# Prior selection
In this notebook we illustrate the selection of a prior for a gaussian process.

The prior is the value returned by the gaussian process when the uncertainty is too large, in can be any model of the data (and will be learned conjointly with the gaussian process during the training).

In [1]:
from fastai.tabular.all import *
from tabularGP import tabularGP_learner
from tabularGP.prior import *

## Data

Builds a regression problem on a subset of the adult dataset:

In [2]:
path = untar_data(URLs.ADULT_SAMPLE)
df = pd.read_csv(path/'adult.csv').sample(1000)
procs = [FillMissing, Normalize, Categorify]

In [3]:
cat_names = ['workclass', 'education', 'marital-status', 'occupation', 'relationship', 'race']
cont_names = ['education-num', 'fnlwgt']
dep_var = 'age'

In [4]:
data = TabularDataLoaders.from_df(df, path, procs=procs, cat_names=cat_names, cont_names=cont_names, y_names=dep_var)

## Priors

The default prior is a constant (`ConstantPrior`), it tend to be a solid choice across problems (as long as the problem is stationary):

In [5]:
learn = tabularGP_learner(data, prior=ConstantPrior)
learn.fit_one_cycle(5, max_lr=1e-3)

epoch,train_loss,valid_loss,time
0,6.999245,6.444979,00:04
1,10.029132,10.245059,00:02
2,9.672515,9.264366,00:02
3,9.207201,9.275622,00:02
4,8.874594,9.348218,00:02


The simplest prior is the `ZeroPrior` which returns zero for all values.

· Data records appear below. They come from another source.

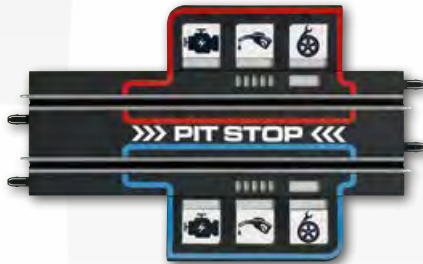

GO!!! Plus Pit-Stop-Game

Zusätzliche Boxenstopp Action für die Carrera GO!!! Plus Autorennbahn. Es gilt Geschicklichkeitsaufgaben in der Boxengasse zu meistern: Tankstopp/Reifenwechsel/Motorservice

Additional pit-stop action for the Carrera GO!!! Plus car racetrack. Pit-stop skills have to be mastered in the pit lane: Refuelling/Tyre change/Engine service

20061662 · BI

GO!!! Plus Anschlusschiene

Zur Steuerung und Einstellung von GO!!! Plus Funktionen und Rennen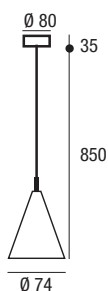

LED ZERO 5

□ SL372/WH

■ SL372/BL

Sorgente
Source **LED**

Potenza
Total power 5W

Temperatura di colore
Color temperature 3000K

Flusso luminoso
Lighting output 850Lm

Lunghezza cavi L. max
Cable length L. max 1000 mm

⊕ ⊖ CE Ⓡ IK07 IP20 CELL

220-240V 50/60Hz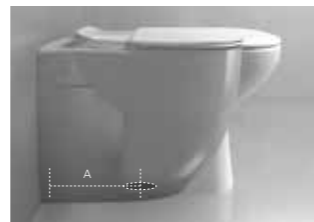

Riduzione dell'ingombro
Space-reducing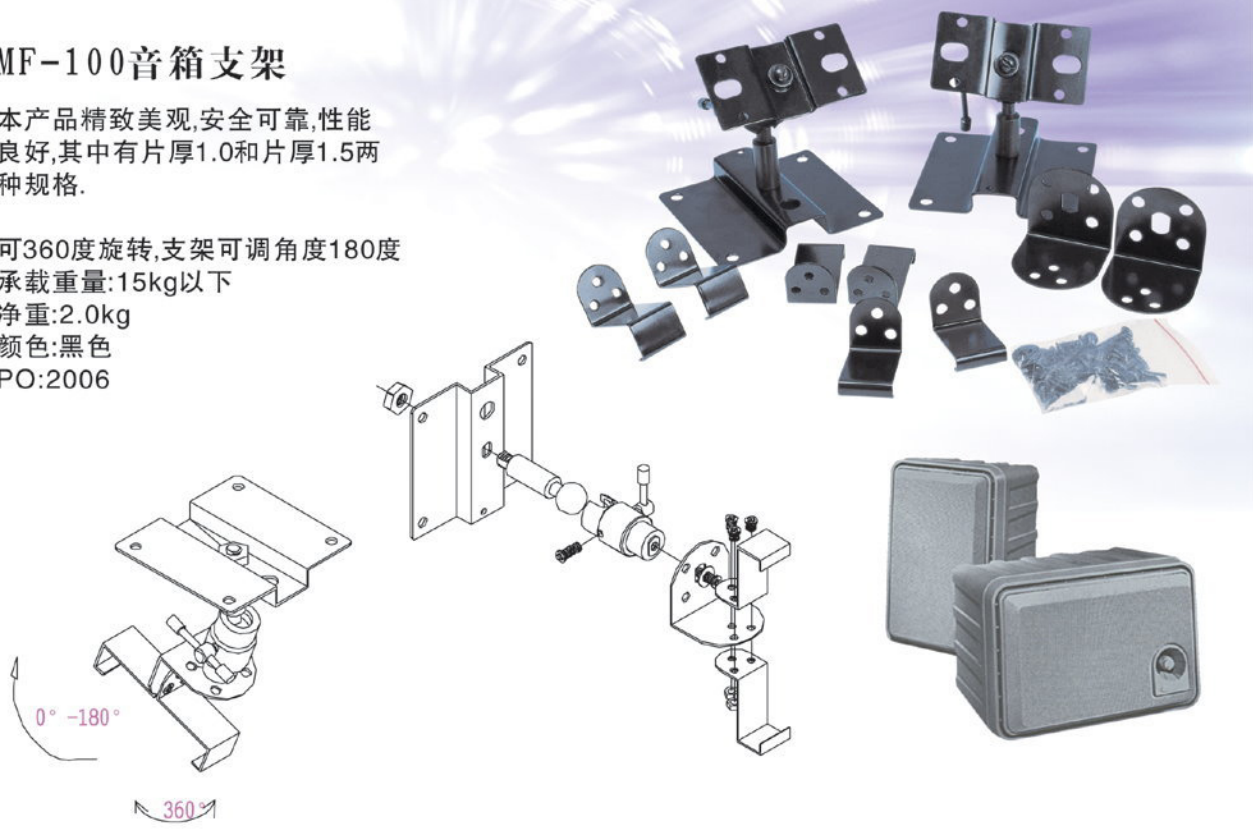

MF-100 音箱支架

本产品精致美观,安全可靠,性能良好,其中有片厚1.0和片厚1.5两种规格.

可360度旋转,支架可调角度180度
 承载重量:15kg以下
 净重:2.0kg
 颜色:黑色
 PO:2006

MF-200 音箱支架

本音箱支架造型特别,安装方便,有三种不同调角度,满足用户的需求.

支架可调角度(45,70,90)度
 旋转角度360度
 承载重量:15kg以下
 净重:2.0kg
 颜色:黑色
 PO:2007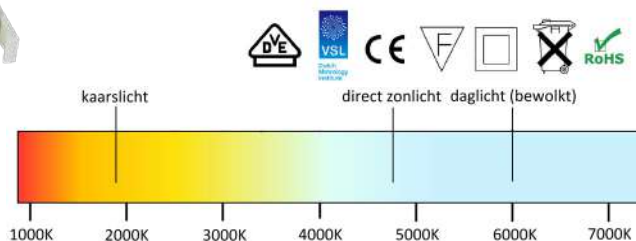

Maat	
Ø1	190 mm
Ø2	220 mm
Ø3	205 mm
H	110 mm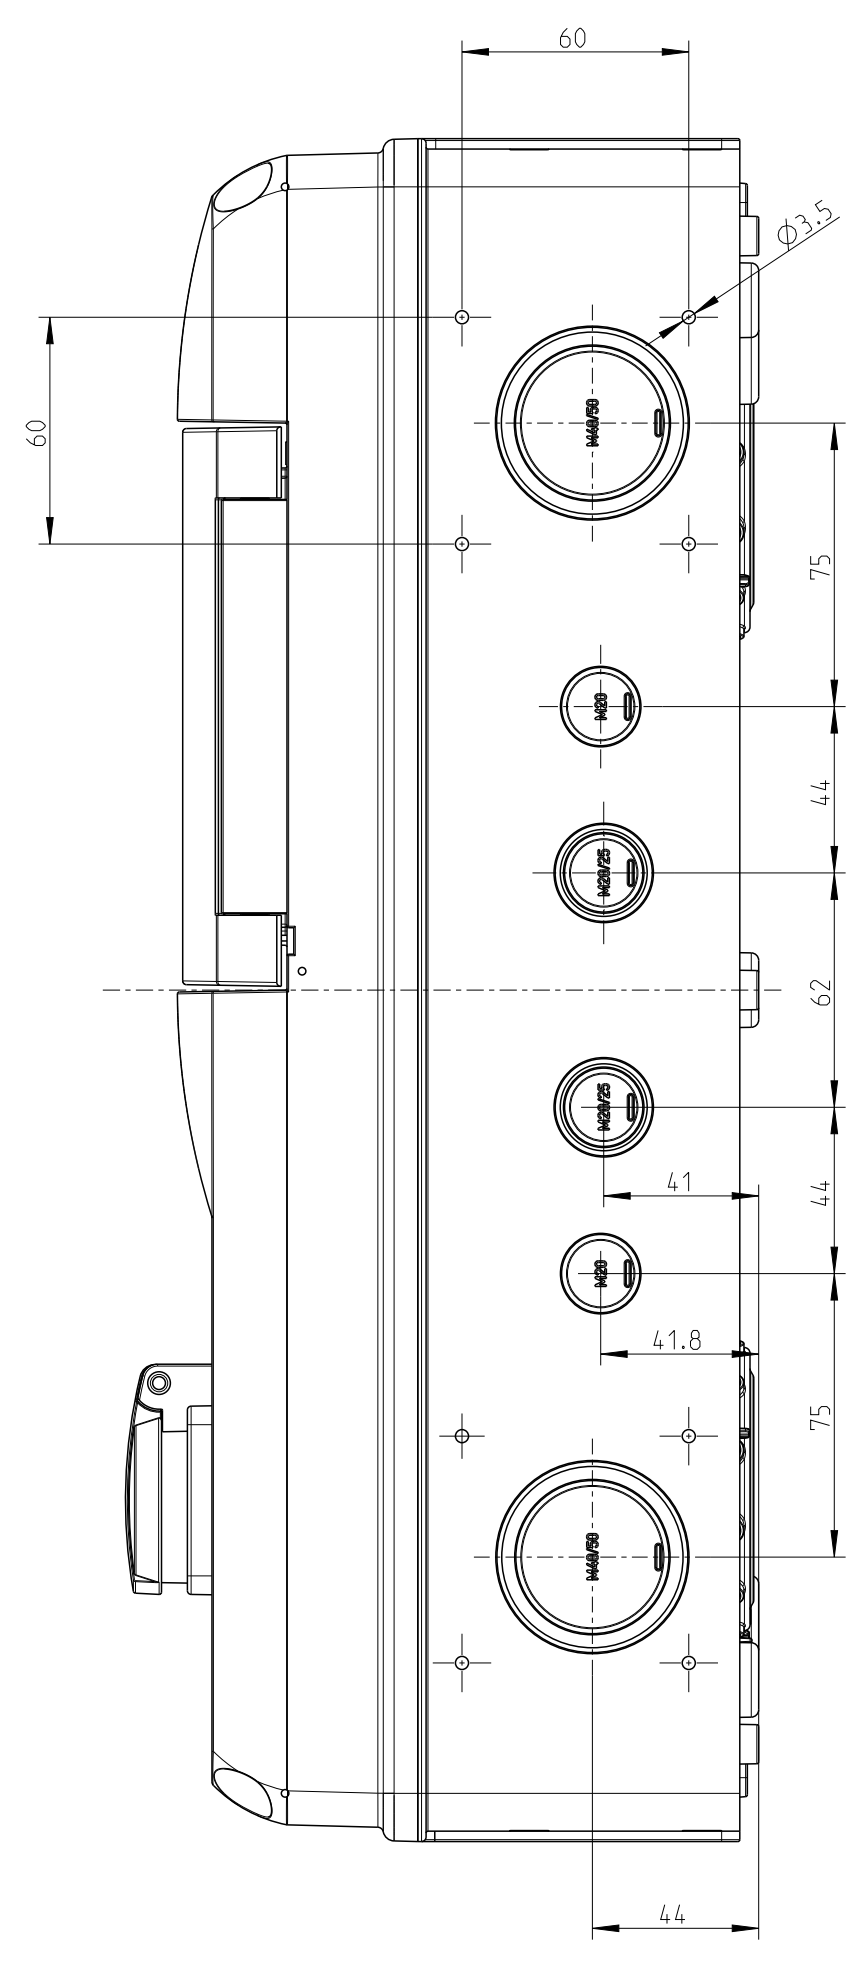

A-A Detail um 90° gedreht  
 detail turned 90°

STK 1404-K

Innenansicht /  
 interior view

A-A

STK 1404-K

STK 1404-K  
 STK 1404-S

STK 1404-S

B-B

fehlende Bemaßungen können  
 dem DXF entnommen werden  
 missing dimensions are  
 provided in the dxf

Varianten/ variants
STK 1404-K
STK 1404-S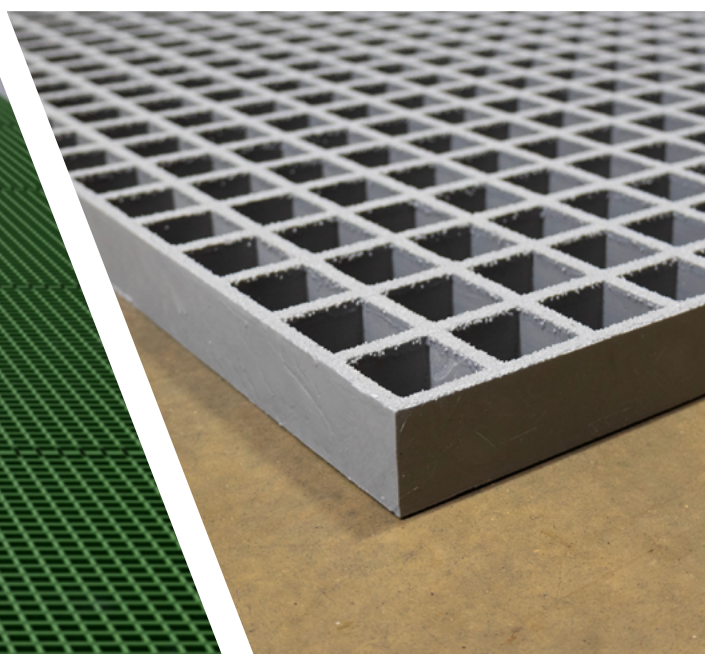

## COBAGRIP® GRATING

Griglia in GRP per piattaforme,  
passerelle, pavimenti e rivestimenti

- Realizzata in solido GRP con superficie a grani per un'eccellente resistenza antiscivolo.
- Il pigmento della vernice utilizzato nel prodotto è conforme alla norma ASTM E1645-01, che garantisce la sicurezza del prodotto e riduce il rischio di esposizione al piombo in conformità agli standard normativi.
- Un pavimento di alta qualità che rappresenta un'alternativa credibile alle griglie a maglie in acciaio.
- La superficie superiore saldata con cristalli di quarzo garantisce un'estrema longevità e un'elevata resistenza antiscivolo.
- Perfetta per aree a calpestio intenso o ambienti con condizioni complesse o corrosive.
- Pesa la metà delle soluzioni in acciaio, risultando facile da installare senza una manutenzione costante.
- Morsetti accessori di tipo M, di tipo C e di tipo L disponibili per un'installazione sicura sui bordi.
- Fabbricata a partire da resina poliestere ortoftalica, che garantisce ottime prestazioni e una durata utile prolungata.
- Ottime proprietà bidirezionali che consentono l'utilizzo del prodotto in varie applicazioni, rendendolo molto versatile.
- Resistenza agli slittamenti testata in base alla norma EN 16165:2021, allegato B.
- Resistenza al fuoco testata in base alla norma EN 13501-1:2018.
- Altezza del prodotto: 25 mm, 38 mm e 50 mm.

It is only recommended if you have prior knowledge on your output domain and know that zero should be the default value:

In [6]:
learn = tabularGP_learner(data, prior=ZeroPrior)
learn.fit_one_cycle(5, max_lr=1e-3)

epoch,train_loss,valid_loss,time
0,7.948129,7.006125,00:02
1,10.382019,9.145267,00:02
2,9.810264,8.853174,00:02
3,9.34489,8.924518,00:02
4,9.031573,9.014092,00:02


We also provide a linear prior (`LinearPrior`) which is usefull when you know that your output is non stationary and follows a trend:

In [7]:
learn = tabularGP_learner(data, prior=LinearPrior)
learn.fit_one_cycle(5, max_lr=1e-3)

epoch,train_loss,valid_loss,time
0,9.789579,7.680765,00:02
1,8.720916,6.786974,00:02
2,8.115565,6.657002,00:02
3,7.76941,6.658643,00:02
4,7.571187,6.686262,00:02


## Transfer learning

As the prior can be any arbitrary model (as long as the input and output types are compatible), nothing stops us from building our gaussian process on top of a prior model (which might be a gaussian process used for a similar output or a different type of model used for the same output type).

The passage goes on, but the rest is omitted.